EXPERT ANALYSIS FROM SDEF HAWAII DERMATOLOGY SEMINAR

WAILEA, HAWAII (FRONTLINE MEDICAL NEWS) – Nicotinamide is one of the rare proposed agents for skin cancer chemoprevention distinguished by dirt cheap cost combined with a highly reassuring safety profile plus evidence of efficacy – which, together, make it a reasonable option in high risk patients, according to Daniel M. Siegel, MD.

Other agents that fit into that category include the tropical rainforest fern Polypodium leucotomos and milk thistle, added Dr. Siegel , a dermatologist at the State University of New York, Brooklyn.

Then, there’s rapamycin.

“That’s a really interesting one. I don’t know if, 5 years from now, we’ll all be taking low-dose rapamycin as an antiaging drug, but we might, especially if someone figures out the ideal dose,” he said at the Hawaii Dermatology Seminar provided by Global Academy for Medical Education/Skin Disease Research Foundation.

Nicotinamide

In the case of nicotinamide, the efficacy is actually supported by published level 1 evidence in the form of a highly positive 1-year, double-blind, randomized, placebo-controlled phase III clinical trial.

“You can Google ‘nicotinamide’ and find it at places like Costco and Trader Joe’s for less than 6 cents per day. That makes for a really good risk/benefit ratio. A nickel a day: That’s a cheap one. That’s one where I’d say, ‘Why not?’ It seems to be safe,” Dr. Siegel said.

In the phase III ONTRAC trial, Australian investigators randomized 386 patients who averaged roughly eight nonmelanoma skin cancers in the past 5 years to either 500 mg of oral nicotinamide twice daily or matched placebo for 12 months. During the study period, the nicotinamide group had a statistically significant and clinically meaningful 23% reduction in new nonmelanoma skin cancers, compared with the control group. They also had 13% fewer actinic keratoses at 12 months than controls. And the side effect profile mirrored that of placebo ( N Engl J Med. 2015 Oct 22;373[17]:1618-26 ).

“Nicotinamide is vitamin B3. It’s not niacin. It doesn’t cause flushing and other vasodilatory effects. It’s actually pretty innocuous,” Dr. Siegel said.
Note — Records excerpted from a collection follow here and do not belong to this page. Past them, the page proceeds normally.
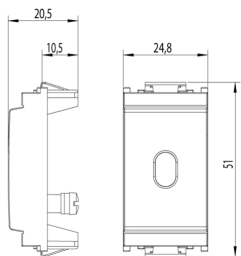

Cable outlet +cord-grip white

Cable outlet with cord-grip, white

3 - Active

20 NR

3D

- **Class group:** Domestic switching devices
- **Class:** Cable entry
- **Model:** Other

- **Colour:** White
- **RAL-number (similar):** 9001
- **Suitable for surface mounted box for flush-mounted switching equipment:** Yes

00. CE Marking - EU
01. IMQ - Italy ([download](#))
15. CCC - China ([download](#))

43. UKCA mark - Great Britain
96. Electrotechnical expert ([download](#))
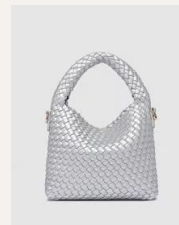

## Gabby Mini Woven Crossbody Bag

**\$39.00 USD** SRP: **\$89.00**

To elevate a past season favourite, now in mini! - Adjustable and Detachable Strap - Magnetic Close - W10 x H8 x D2"

Color: **Pink Champagne**  
SKU: **4534PICHAM**  
Status: **Pre-Order** | **Ships Feb 1-15**

\*9360097114891\*

Color: **Black**  
SKU: **4534BLK**  
Status: **Pre-Order** | **Ships Feb 1-15**

\*9360097114907\*

Color: **Silver**  
SKU: **4534SIL**  
Status: **Pre-Order** | **Ships Feb 1-15**

\*9360097114884\*
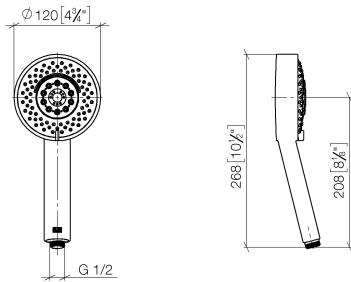

# Concealed single-lever mixer with integrated shower connection with shower set - Chrome

IMO

ST 050 205 7979

Fits: IMO, MEM, CL.1

- cover plate 80 x 80 mm
  - metal shower hose 1750mm with integrated anti-twist protection
  - slide bar
  - Pipe diameter 18 mm
  - Four settings: COMPACT RAIN, COMPACT SOFT FLOW, COMPACT AQUAPRESSURE FLOW, COMPACT CASCADE, max. flow rate l/min (at 3 bar)
  - spray head Ø 120mm
- Intrinsic protection against back flow.**

IMO

ST 050 205 7979

- Four settings: COMPACT RAIN, COMPACT SOFT FLOW, COMPACT AQUAPRESSURE FLOW, COMPACT CASCADE, max. flow rate 15 l/min (at 3 bar)
- with anti-scale system
- spray head Ø 120mm
- 1/2" connection

ST 050 205 7979

ST 050 205 7070  
mm [inches]

Flow rate chart

Certificates

LGA\_29980.

ST 050 205 7979

IMO

ST 050 205 7979

Fits: IMO, MEM, CL.1

- cover plate 80 x 80 mm
- metal shower hose 1750mm with integrated anti-twist protection
- slide bar
- Pipe diameter 18 mm

**This article does not include a hand shower!**
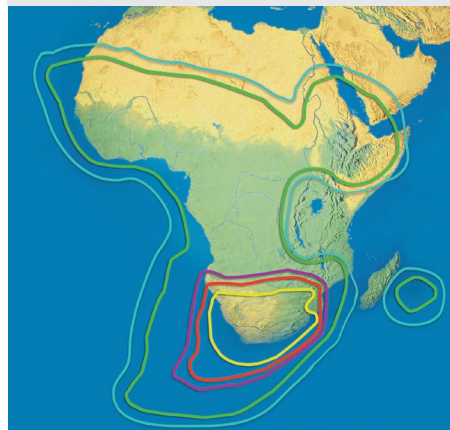

¹⁵ Services shown are most popular EMEA satellite services. See kvh.com/tvfootprints for additional service coverage maps.

¹⁶ TV1 coverage for DISH Network is limited to "DISH 500" (satellites 110W and 119W), "DISH Eastern Arc – Legacy" (satellites 61W, 110W, 119W) and the "DISH Western Arc" (satellites 110W, 119W, and 129W). Note that 129W coverage is not available in the northeast U.S. due to the low elevation angle to the satellite. TV1 is not compatible with the "DISH Eastern Arc" (satellites 61W, 72W, 77W) at this time.

Tri-Americas¹⁷

Southwest Asia

Southeast Asia¹⁸

Middle East

Africa

Australia & New Zealand

China

Thailand
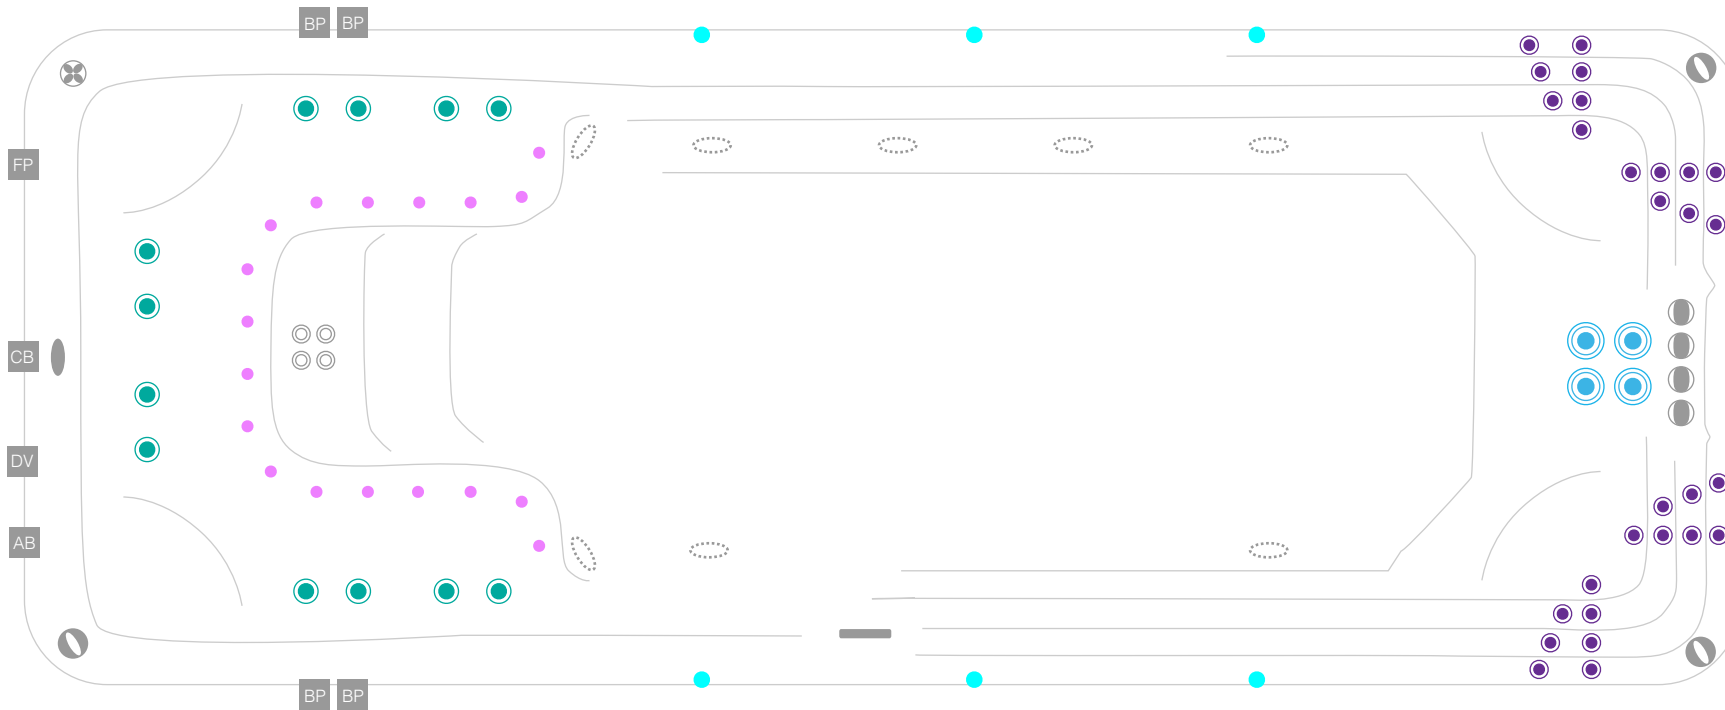

# myWatersedge6.0mEXTREME 68jets

technical specifications : 2021\_01  
5980 x 2290 x 1320

## JETS & TOPSIDE CONTROLS

- 500 series jet
- 400 series jet
- 300 series jet
- 200 series jet
- swim jet
- neck jet
- air massage jet
- large divertor control
- small on/off control
- air control
- aromatherapy canister
- touchpad control
- filter box
- safety suction
- water return jet
- water spout
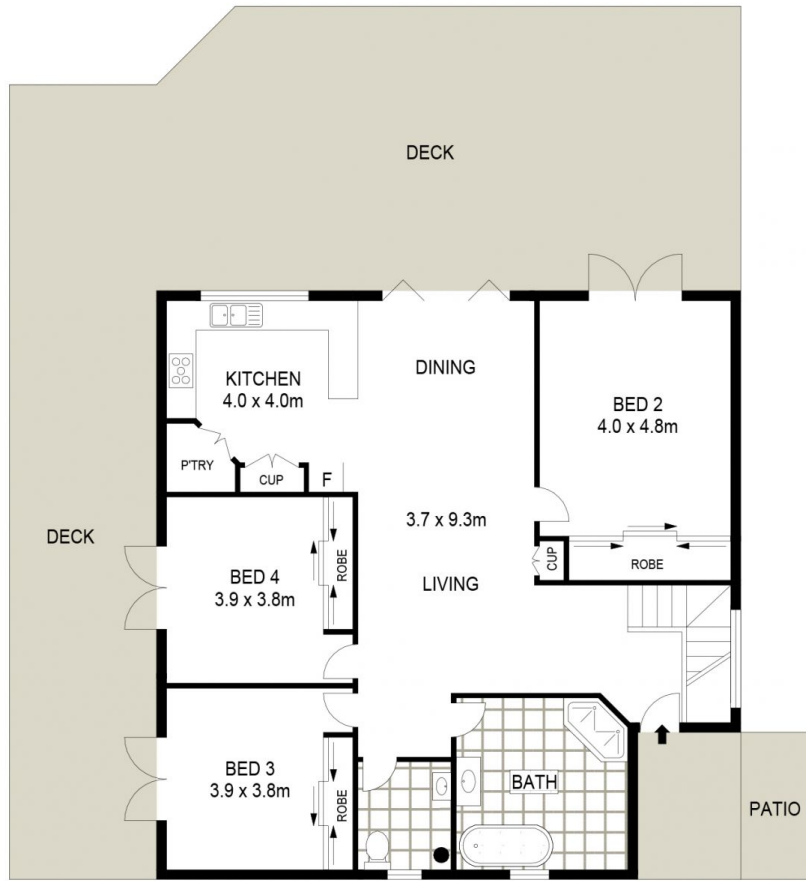

## 6 Grant Bruce Court Mudgee NSW

4 🏠 3 🚗 2 🚗

Commanding an extraordinary elevated position amongst Mudgee's rolling hills with magnificent views over the township and beyond, this huge family home established on 5,064 sqm will not disappoint.

- Main bedroom with triple built in wardrobe, fan and verandah entrance
- Two generous size bedroom, all with ceiling fans and built in robes
- Large kitchen with Caesarstone bench tops, gas cooking and loads of storage
- Multiple living areas ideal for the growing family or to find a quiet place to relax
- Designated bar area downstairs opens to huge entertaining space that flows effortlessly to outside undercover area and firepit
- Oversized room down stairs with attached bathroom and walk in robe
- Modern contemporary family bathroom with double shower head, vanity, bath and separate toilet
- Climate control is catered for with ducted reverse air conditioning, split A/C systems, wood fire heating and ceilings fans

UPPER LEVEL

LOWER LEVEL

6 GRANT BRUCE COURT

MUDGEES

Floor plans and rooms sizes are indicative only
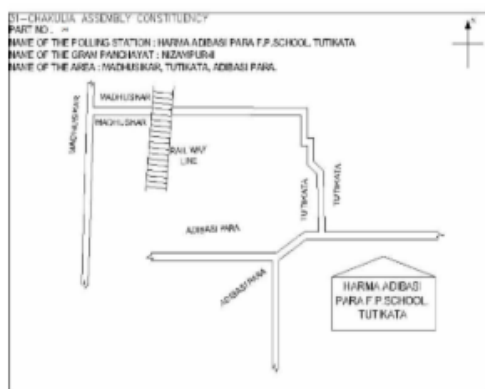

Nazri Naksha

Google Map View

Cad View

Key MAP View

In laboratory studies, nicotinamide has been shown to enhance DNA repair following UV exposure, as well as curb UV-induced immunosuppression.
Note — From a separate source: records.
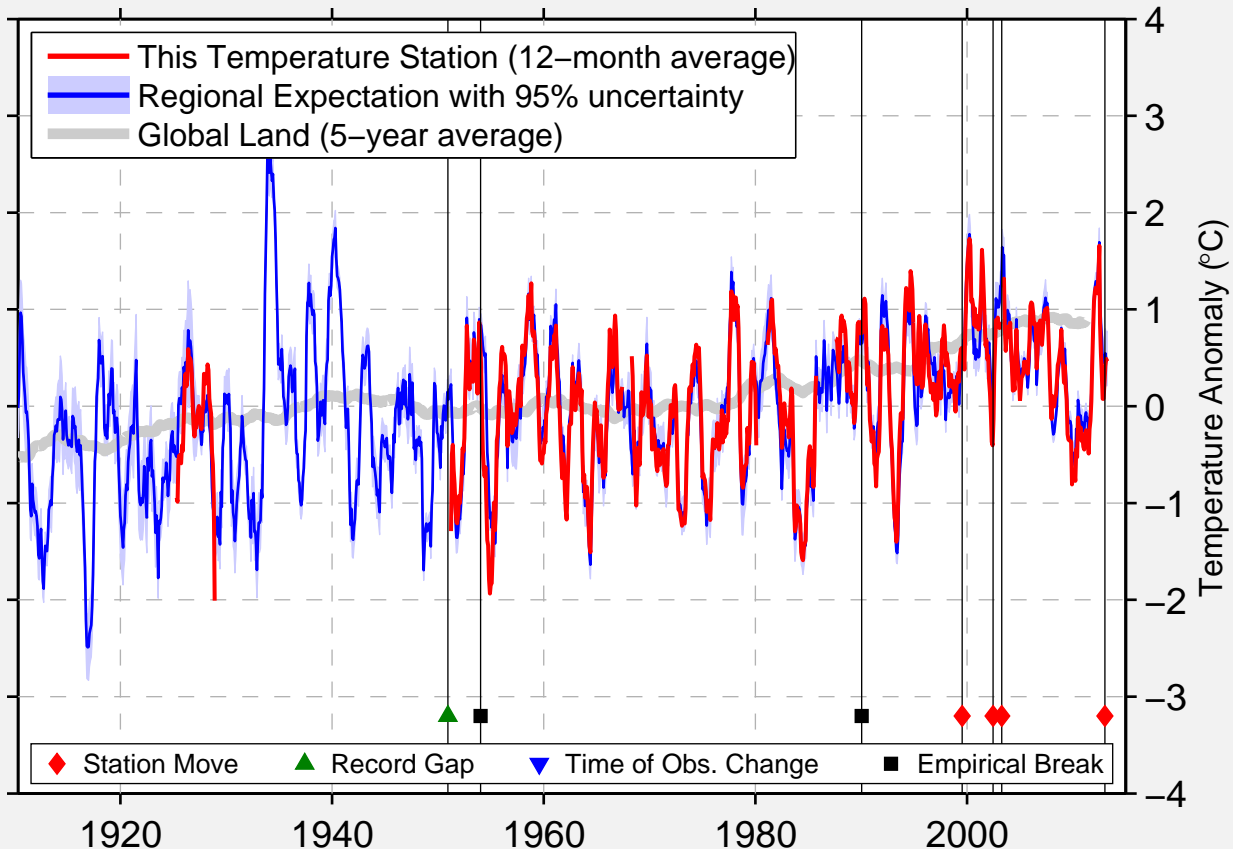

# GARFIELD

40.724 N, 112.197 W (United States)

Data Quality Controlled and Aligned at Breakpoints

Berkeley Earth
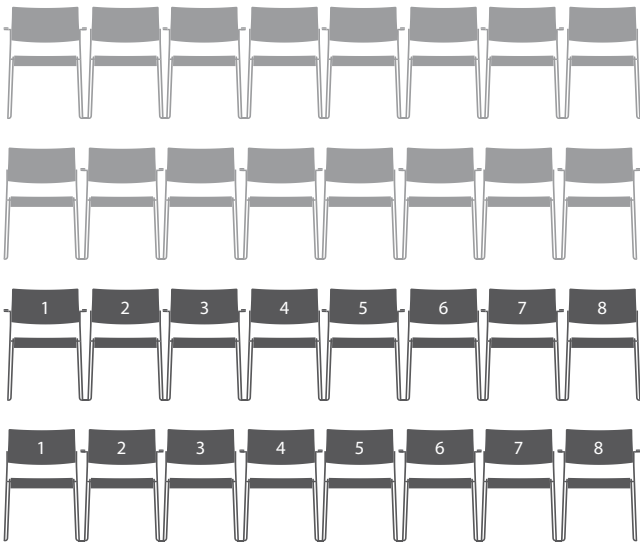

Beautifully versatile – the plastic version of linos is also available in the colours stone, lava, petrol and viola.

1208/A

1208

Sophisticated solutions for more efficiency.

One of the most important functions of a chair for large venues: easy, time-saving handling. linos in its sled-base version fulfills this requirement thanks to its strikingly simple row linking device integrated into the glides. It enables chairs without armrests to be linked quickly and easily. Even rows where chairs with armrests and chairs without armrests are placed alternatingly can be linked in this manner. And chairs with armrests featuring an extensible row linking underneath the seat can also be linked to each other. Thanks to the optionally available Electronic Seat Numbering (ESN), each individual chair can be numbered quickly and clearly.

chair | chair = 51,5 cm chair with armrests | chair = 51,5 cm

Row linking via extensible row linking
with armrests/with armrests

chair with armrests | chair with armrests = 58,0 cm

Attached quickly – the row linking device integrated into the glides of the sled-base chair is simply a stroke of genius.

Electronic Seat Numbering – fast and easy.

Time and time again, chairs need to be renumbered for great venue events. Thanks to the Electronic Seat Numbering, this works in an absolutely uncomplicated way – taking only 10% of the time usually necessary. Working the system requires no prior knowledge. With a single push of a button, entire rows of chairs can be numbered by remote control – automatically in ascending or descending order. Any chair may serve as the first chair in a row. The signals are transmitted via infrared through the entire row of chairs to the individual displays. So there's no need for any obtrusive cables. The displays are integrated into the seat surface and display the chair number in an easily readable size. At the same time, these displays do not need any power. Optionally, they are also available in a lighted version.
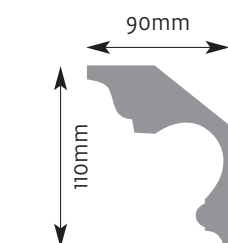

Cornice Mouldings

All Cornice mouldings are approximately 3m in length, except where stated.

Cornice mouldings are also reversible except for mouldings which incorporate a 'Pattern' or 'Drip' (e.g. AM 168).

Add character to a property with stunning cornices.

Decorative cornice and coving mouldings can transform an ordinary space into a room full of character. At A.R.M. Fibrous Plaster Mouldings, we can design and manufacture cornice mouldings in a range of finishes.

We have a range of preformed cornices available or can create bespoke cornice mouldings for your property. All mouldings are created in-house by our expert craftsmen, resulting in authentic detail and a quality finish.

AM 116
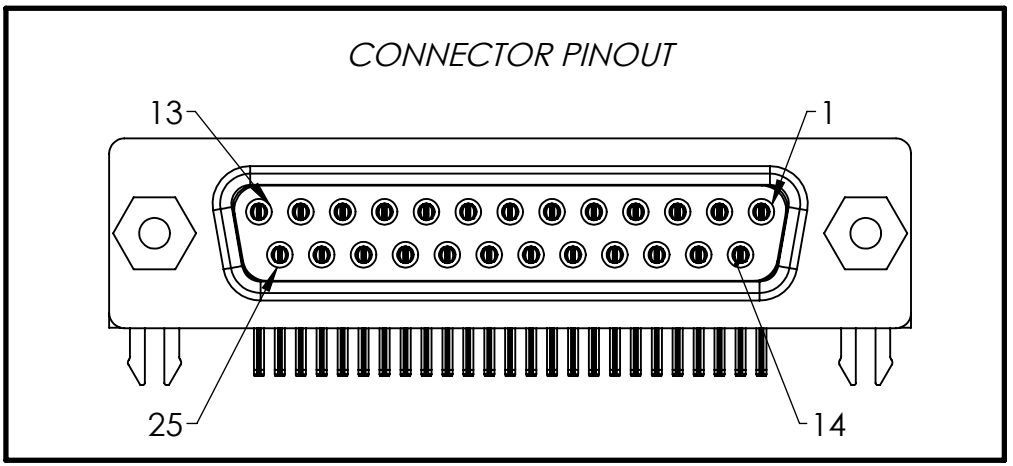

4

3

2

1

DIM: INCH	DATE: 07/22/2020	RoHS COMPLIANT: YES	DESCRIPTION:
			DB25 Female Breakout
WINFORD ENGINEERING, LLC 4561 GARFIELD ROAD AUBURN, MI 48611			PART NUMBER (S)
www.winford.com			BRKLD25F-RW-DIN
989-671-9721			PART REVISION
			A

Polypodium leucotomos Samambaia

This plant , commonly known as calaguala in the Spanish-speaking tropics and samambaia in Brazil, has a centuries-long tradition of safe medicinal use. It is commercially available over-the-counter (OTC) as a standardized product called Heliocare, designed to avoid the guesswork involved in topical sunscreen application. Each capsule contains 240 mg of an extract of P. leucotomos. Dr. Siegel said he takes it daily when he’s in a sunny locale, such as Hawaii.

Milk thistle

This plant, known as Silybum marianum, has silymarin as its bioactive compound. Dermatologist Haines Ely, MD , of the University of California, Davis, has reported therapeutic success using it in porphyria cutanea tarda and other conditions. It has been shown to inhibit photocarcinogenesis in animal studies.

Dr. Siegel said that, while Dr. Ely has told him his preferred preparation is a German OTC product, milk thistle seeds can be found in health food stores, ground to a powder using a coffee bean grinder, and used as a food supplement. Like Polypodium leucotomos and nicotinamide, milk thistle is nontoxic.

Rapamycin

This macrolide compound is produced by the bacterium Streptomyces hygroscopicus. Rapamycin is an immunosuppressant used to coat coronary stents and prevent rejection of transplanted organs. It is an mechanistic target of rapamycin signaling pathway inhibitor being studied as a cancer prevention and antiaging agent.

Science magazine called the discovery that rapamycin increased the lifespan of mice one of the top scientific breakthroughs of 2009 . Subsequent animal studies have established that the extended lifespan wasn’t solely the result of rapamycin’s antineoplastic effects but of across-the-board delayed onset of all the major age-related diseases. Thus, rapamycin could turn out to be a true antiaging agent, in Dr. Siegel’s view.

Studies in humans are underway. Researchers at Novartis have reported that a rapamycin-related compound curbed the typical decline in immune function that accompanies aging as reflected in a 20% enhancement in the response to influenza vaccine in elderly volunteers ( Sci Transl Med. 2014 Dec 24;6[268]:268ra179 ).

Dr. Siegel reported serving as a consultant to Ferndale, which markets Heliocare. The SDEF and this news organization are owned by the same parent company.